• [Entries provided]:
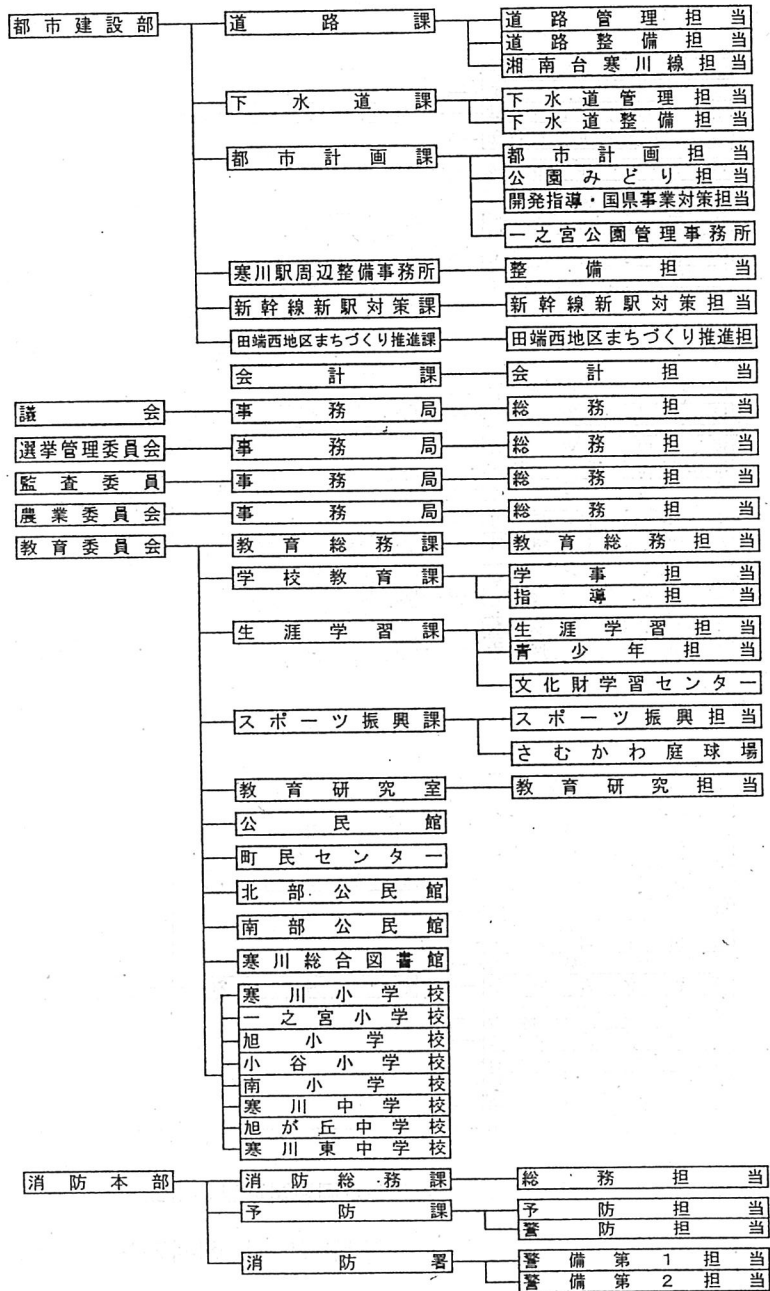

寒川町行政機構図 新旧対照表

寒川町行政機構図(平成24年4月1日現在)

平成25年度 寒川町行政機構図

※機構として変更した部分が太枠となっています。(名称変更のみは除く)

寒川町行政機構図(平成24年4月1日現在)

平成25年度 寒川町行政機構図
※機構として変更した部分が太枠となっています。(名称変更のみは除く)

(※寒川町公民館については、町民センターの分館として位置づけ)

• [How to complete this task]:
An exact reproduction of the data is required, with pictures excluded.

• [Answer box]:
寒川町行政機構図 新旧対照表

寒川町行政機構図(平成24年4月1日現在)

平成25年度 寒川町行政機構図

※機構として変更した部分が太枠となっています。(名称変更のみは除く)

寒川町行政機構図(平成24年4月1日現在)

平成25年度 寒川町行政機構図
※機構として変更した部分が太枠となっています。(名称変更のみは除く)

(※寒川町公民館については、町民センターの分館として位置づけ)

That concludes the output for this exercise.